Hearn recently announced a $1-billion deal to promote 16 cards in the United States over eight years with another 16 shows in the U.K. which will be streamed live by DAZN for a monthly subscription.



“Of course, we were impressed to see what Eddie Hearn has done with the Anthony Joshua’s career,” Yeleussinov said. “Joshua is also a gold medal winner and now is very famous in his home country and around the world. Eddie Hearn understands our vision and we understand his plans. That’s why we felt comfortable working with him and his team and are very happy and excited for the future.”

The 27-year-old welterweight, who just finished his first camp with noted trainer John David Jackson, has a firm grasp on the pressure he faces as he represents his native Kazakhstan to the world.

“I represented my country in the Olympics twice, yes, but I also represent Kazakhstan in everything I do in and outside of the ring,” Yeleussinov said. “Today when people think of Kazakhstan they think of Gennady (Golovkin). Gennady has done a lot for Kazakhstan and a lot for boxing. He is a star. I think we have put the team together to help me achieve the same results. Time will tell but I am very excited to show the world my skills.”

Yeleussinov said the pressure to compete professionally differs from the pressure he put on himself when he performed on the biggest stages around the world as an amateur.

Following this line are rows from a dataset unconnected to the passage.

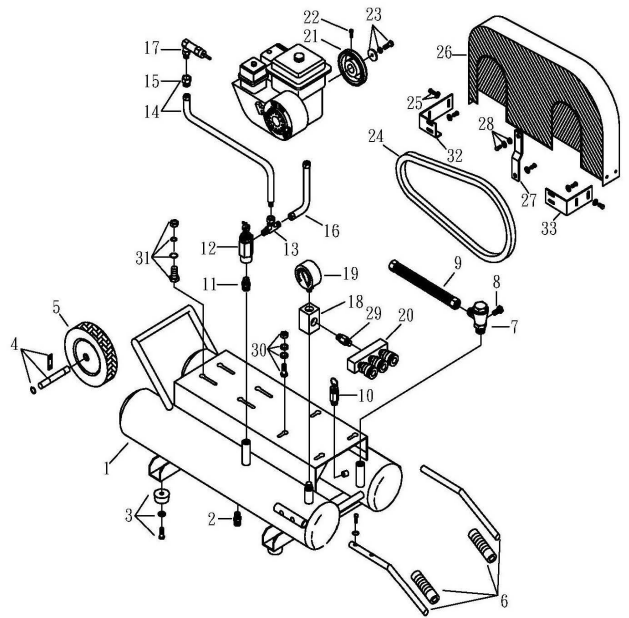

MODEL: TUE-8008GE(Receiver Tank)

SPARE PARTS LIST

NO. QC-2106

REF. NO.	DESCRIPTION	PART NO.	QTY.	REF. NO.	DESCRIPTION	PART NO.	QTY.
1	Air tank	3A0-3401345	1	18	Brass 4-way pipe	2N04-C2234N	1
2	Drain valve	2405011	2	19	Pressure gauge	2D12-25V300ILQ	1
3	Rubber pad set	3433015-A	4	20	Quick coupler	07MQC3B-C	1
4	Tank wheel axis set	3418022-A	1	21	Engine pulley	3PGF-040A2W1020	1
5	Wheel	2402038H	1	22	Hexagon bolt	2B07-SM08*16	2
6	Grip set	3432062-A	1	23	Hexagon bolt set	3B00-FW035S*12VW	1
7	Check valve	2414025T	1	24	V-belt	2N31-A56	2
8	Plug	2N33-001	1	25	Hexagon bolt set	3B00-FM08*015W	9
9	Exhaust tube set	3B2-04*420	1	26	Belt guard	3426052	1
10	Pressure relief valve	2406024	1	27	Bracket	3427043A	1
11	Nipple	2N01-002	1	28	Hexagon bolt set	3B00-SM06*020VW	1
12	Pilot valve	2407005	1	29	Nipple	2N01-02T03TS	1
13	Male run tee	2N17-C01NW2M02H	1	30	Motor feet bolt set	3B08-FM08*30-B	4
14	Tube set	3T03-W02*0750G	1	31	Motor feet bolt set	3B08-FM10*45-G	4
15	Idling device nut	2B23-CW02FPU	1	32	Set bracket	3427046	1
16	Unloading tube set	3B2-02*220	1	33	Set bracket	3427045	1
17	Idling device	2423031	1				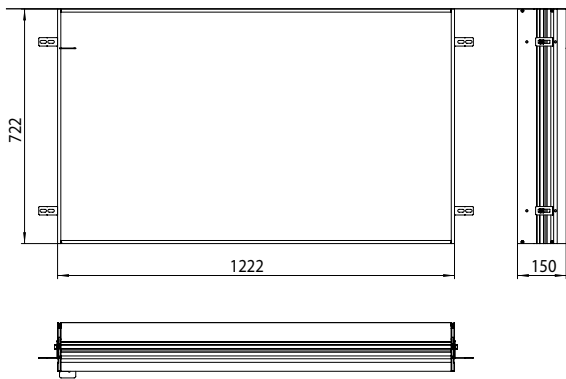

Built-in frame Built-in frame

Art.No.9497 000 13

for illuminated mirror cabinet prime, 1.200 mm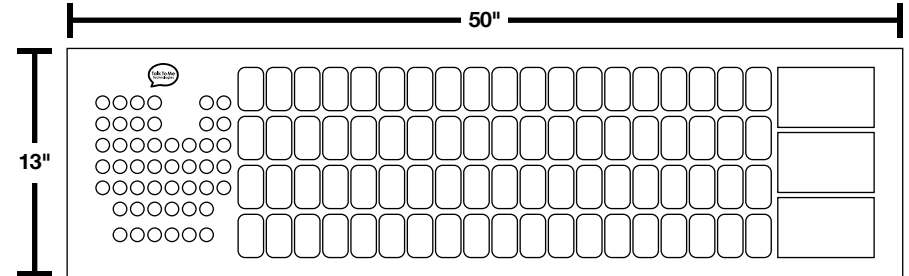

Vinyl Communication Board

Vocabulary design inspired by ground-breaking research from the University of North Carolina at Chapel Hill! Core words combined with Fringe vocabulary provide consistency while offering the flexibility of activity-specific vocabulary at your fingertips.

Materials Durable, weather resistant vinyl for wall or fence installation

Available sizes
Small: 50"W x 13"H
Medium: 70"W x 19"H
Large: 90"W x 24"H

Number of sides Single-sided

Available mounting Grommets and/or velcro wall tabs

Art TTMT Spark™ Symbol Library

Layouts Social Story, Sponsor Recognition, ASL Alphabet or ASL with Sponsor Recognition

Fringe vocabulary Playground, Gym or School

Languages English, Spanish or Bilingual

Customization Up to 10 words/symbols
Organization and/or sponsor logo(s)

Additional notes 2-3-week additional turn-around time for customization

Starting at
$59.00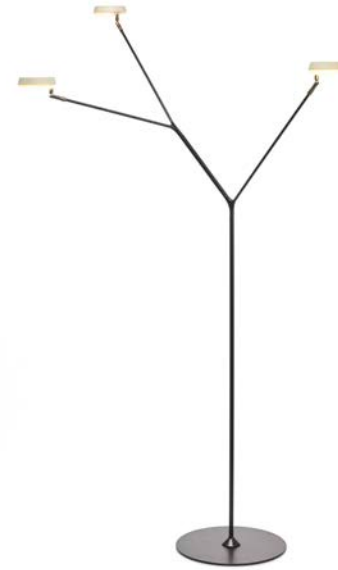

MIRAI® TABLE LAMP

TREE LAMP

MIRAI® COLLECTION

MATERIAL: ALUMINUM
IP 52 RATED

WARM WHITE 2300 KELVIN
+ 2700 KELVIN + RGB INCLUDED

BLACK
CODE: MIR-301

BLACK – GOLD
CODE: MIR-315

BLACK – OFF WHITE
CODE: MIR-316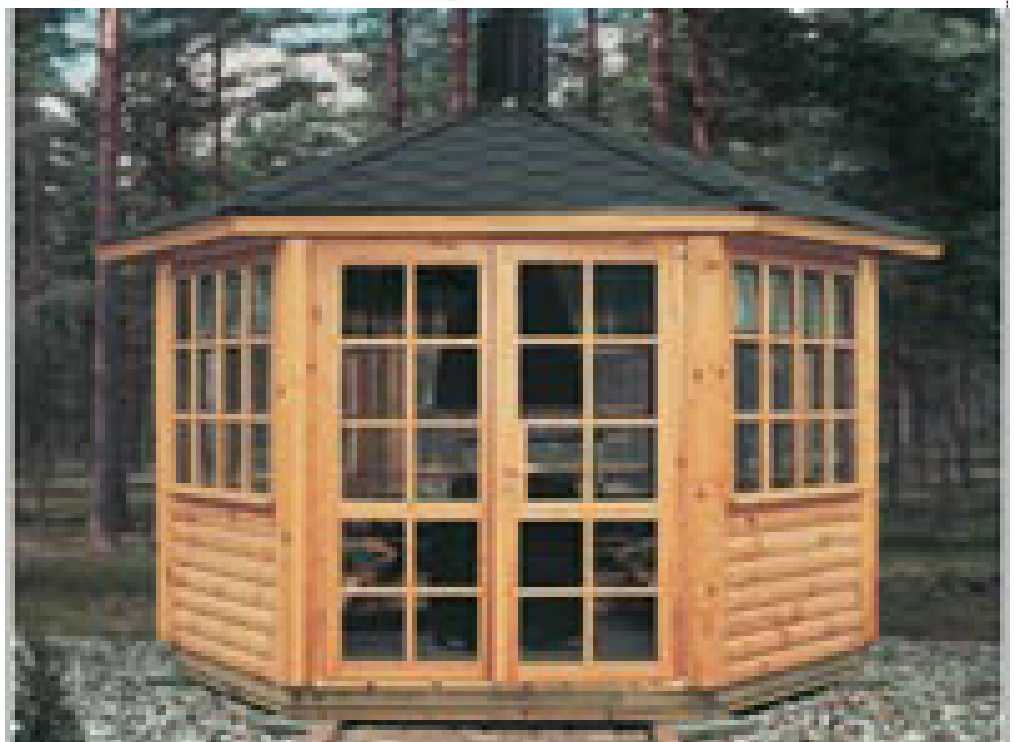

**Leisure Buildings
(Scotland)**

**Telephone : 01360 - 850004
Mobile : 07768 - 146813**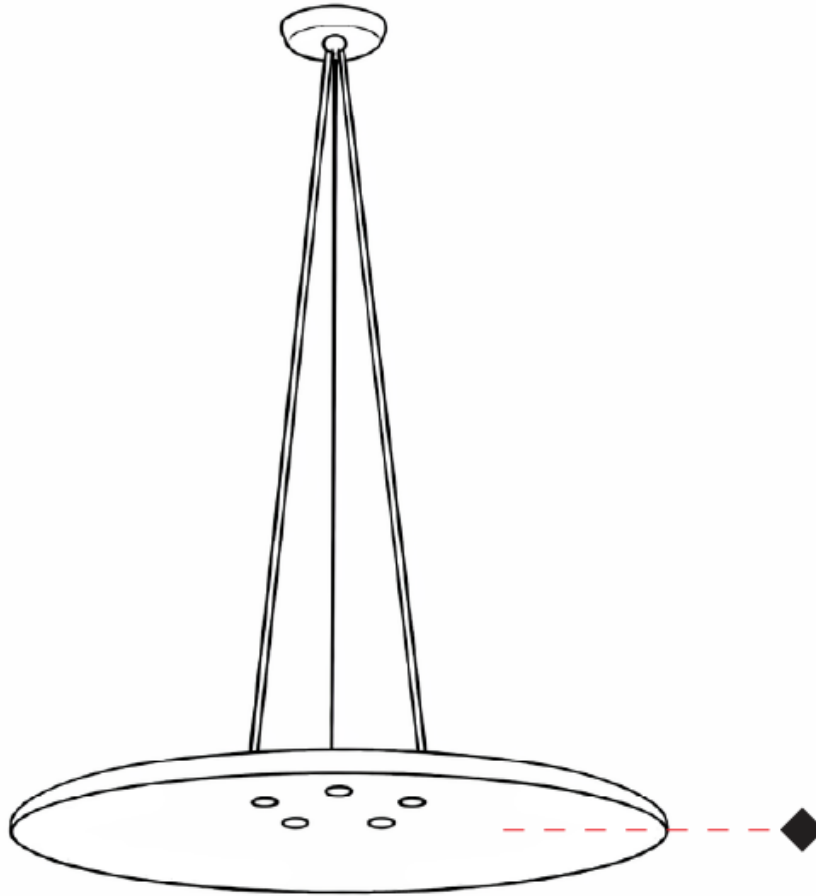

D111223-

PROJECT

TYPE

SPECIFIER

QUANTITY

DATE

D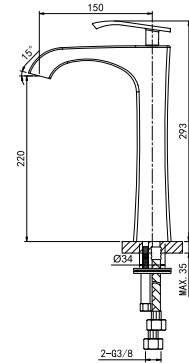

56 1104C
Single-Lever Basin Mixer
35 mm Ceramic Cartridge
M24x1 Hidden Aerator
3/8" Connecting Hoses
Chrome Finish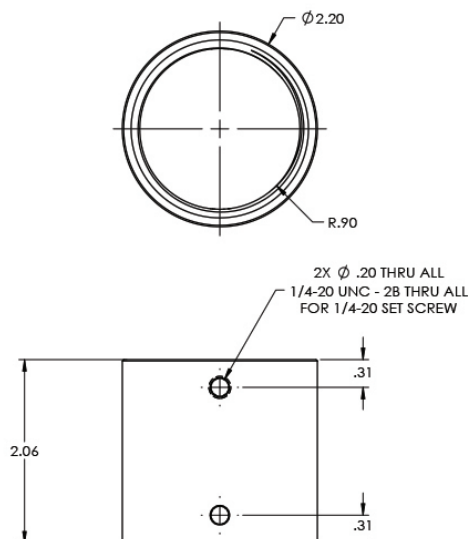

CG-150NPS-PC

1-1/2 THREADED PIPE COUPLER

PIPE & ATTACHMENTS

The CG-150NPS-CP tube adapter gives installers the option of coupling and securing two 1-1/2 inch Schedule 40 NPS threaded pipes together.

Star Grid[®]
Compatible Component

KEY FEATURES:

- ▶ Couples 1-1/2 inch Schedule 40 Pipe

OPTIONAL ACCESSORIES:

- ▶ Pipe-1.5-Series

SPECIFICATIONS:

Material: Steel

Finish: Powder Coat

Color: Black

WLL: 368 lb / 167.3 Kg.

Design Factor: 7:1

PACKAGE CONTENTS:

1pc 1.5" Pipe Coupler

Rated for indoor use.

DIMENSIONS:

Adaptive Technologies Group
1635 E. Burnett Street | Signal Hill, CA 90755 USA
Ph: 562.424.1100 | Fax: 562.424.3520
www.adaptivetechgroup.com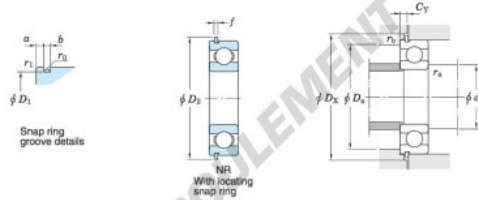

Roulement à bille simple rangée 6008-NR-JTEKT - 6008-NR-JTEKT

<https://www.123roulement.com/roulement-palier/roulement-bille/simple-rangee/6008-nr-jtekt>

Single-row deep groove ball bearings ——— Koyo
snap ring groove type
locating snap ring type

Boundary dimensions (mm)				Basic load ratings (kN)			Factor		Limiting speeds (min ⁻¹)		Bearing No.		D ₁ max.
d	D	B	r	C ₀	C _{10r}	f ₀	Grease lub.	Oil lub.	With snap ring groove	With locating snap ring	6008NR		
40	68	15	1	0.5	16.7	11.5	15.2	10 000	12 000			64.82	

Dimensions of snap ring groove (mm)			Dimensions of locating snap ring (mm)		Mounting dimensions (mm)						(Refer.) Mass (kg)	(Refer.) Bearing No.	
a	b	r ₀	D ₂	f	d _{4a}	D _{4a}	D _{4c}	C _Y	r _{6a}	r _{6b}	r _{6c}	0.192	6008N
2.49	2.05	0.6	74.6	1.65	45	63	76	3.89	1	0.5			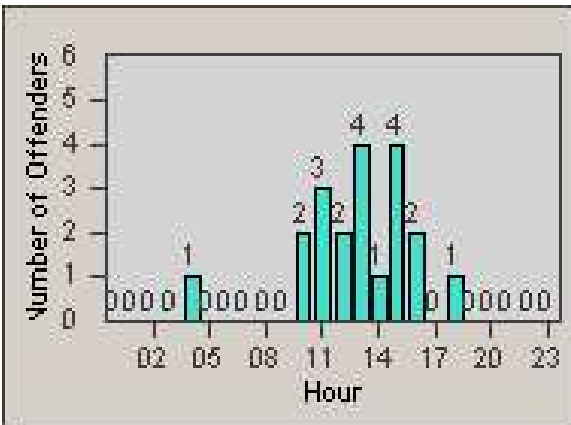

# Redflex Redlight Offender Statistics

CONTRACT: Bakersfield  
 DATE FROM: 1/Jul/2010

LOCATION: BA-WIWH-01 White Ln  
 DATE TO: 31/Jul/2010

LANE 1

LANE 2

LANE 3

# Redflex Redlight Offender Statistics

CONTRACT: Bakersfield  
 DATE FROM: 1/Jul/2010

LOCATION: BA-WIWH-01 White Ln  
 DATE TO: 31/Jul/2010

LANE 4

LANE TOTAL

# Redflex Redlight Offender Statistics

CONTRACT: Bakersfield  
 DATE FROM: 1/Jul/2010

LOCATION: BA-WIWH-01 White Ln  
 DATE TO: 31/Jul/2010

“There is always self-made pressure,” Yeleussinov said. “In the Olympics it was all I can think about. I wanted to win the fight I was in and win gold. I didn’t see anything beyond it. As a professional my goals are different. I want more experience. I want to try different things and then I want to win a world championship and to be undefeated.”

After failing to medal at the 2012 Games in London, Yeleussinov stormed through the 2016 Olympics in Rio de Janeiro shutting out every fighter en route to the gold. In the second round of the tournament, Yeleussinov easily defeated current Matchroom promotions stablemate Josh Kelly who has won his first six bouts as a professional and is considered a hot prospect. In the semifinal bout against France’s Souleymane Cissokho, Yeleussinov suffered nasty cut between his eyes due to a clash of heads. Yeleussinov was forced to head into the gold medal bout against Uzbekistan’s Shakhram Giyasov with a cut which had not yet healed and kept together with a thin  strip of surgical tape.

“I remember my father telling me to ignore the blood and that it will be worth it because we will win,” Yeleussinov recalled. “I don’t believe anything would have stopped me from winning the gold medal. I felt so bad when I lost in London. I didn’t think I would lose so I was going to do whatever necessary to win and make my country and family and fans proud of me.”

Yeleussinov for now will be a man of many homes as he plans to make a name for himself in both the United States and U.K while awaiting a huge homecoming fight in Kazakhstan. Yeleussinov has moved his training camp to Boca Raton, Florida to work with Jackson.

“I am learning new offensive tactics with John,” Yeleussinov said. “He is a former world champion and we understand each other very well. I am learning how to move better and how to sit down on my punches to make a bigger impact. I think the London boxing fans will see a good show on June 6.”